Huge, looming apartment buildings conquer the skyline ... and almost nobody lives in them ...
Retail and store space occupy some of the most famous streets in the world, highly valuable locations ... and much of it is empty ...
That is the reality of NYC today -- it's rapidly becoming a ghost town.
The reason is obvious: the city has become so expensive that many people can't afford to live here and many businesses can't afford to set up shop here. The result is that some of the most desirable real estate in the world is actually empty. You walk by these buildings and storefronts and you're looking at extremely expensive shells that house and cater to no one.

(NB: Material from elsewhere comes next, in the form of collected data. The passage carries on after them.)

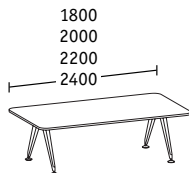

Lineaire elementen

Enkele bench diepte 900

Basistafels

Lineaire elementen

Afsluitelementen

Dubbelbench diepten 1922/1690/1290

Enkele bench diepte 900

Aanzettafels/returntable

Breedte 1200
Diepte 600

Breedte 1200 inclusief
bijzetcontainer, diepte 600

Losse tafels/conferentietafels

Diepte 900

Diepte 1200

Ø 1600

Convex Diepte 900

Ellips

Conferentieconfiguraties

Basistafels diepte 900/1200

Lineaire elementen
diepte 900/1200

Afsluitelementen diepte 900/1200

Conferentieconfiguraties convex

Basistafels diepte 900/1200

Lineaire elementen
diepte 900/1200

Afsluitelementen diepte 900/1200

Lifttafels

Hoogte 720-1070
Breedte/diepte 800

Hoogte 720-1070
Ø 800/900

Alle tafels zijn in hoogte instelbaar, naar keuze 680-720 of 720-760; maatgegevens in mm; H = hoogte, B = breedte, D = diepte

And it's not just in Manhattan. Go to parts of Brooklyn and Queens and you'll see the same thing: huge swaths of commercial and residential real estate that everyone wants and no one wants to buy (because they can't afford to).
Of course, NYC is not a really ghost town -- more people live here than ever before. But in one of the many paradoxes of this paradoxical times, the vast majority cannot live and cannot shop in many of the locations where they would like to and where geographic logic would dictate that they should. Neighborhoods that are desirable are canniblizing themselves, making them, ironically, less interesting.
Increasingly, neighborhoods aren't really neighborhoods -- they're strip malls of chain stores and, when a business closes and/or a landlord jacks up the rent, storefronts remain vacant in order to attract another chain store or business that'll pay exorbitant rents. But if they don't ... the spaces remain empty, further degrading the neighborhoods that more and more people can't afford.
It's a vicious cycle of economics, a death rattle for a once great city. It can't go on like this -- or the kind of NYC that we love will be lost forever.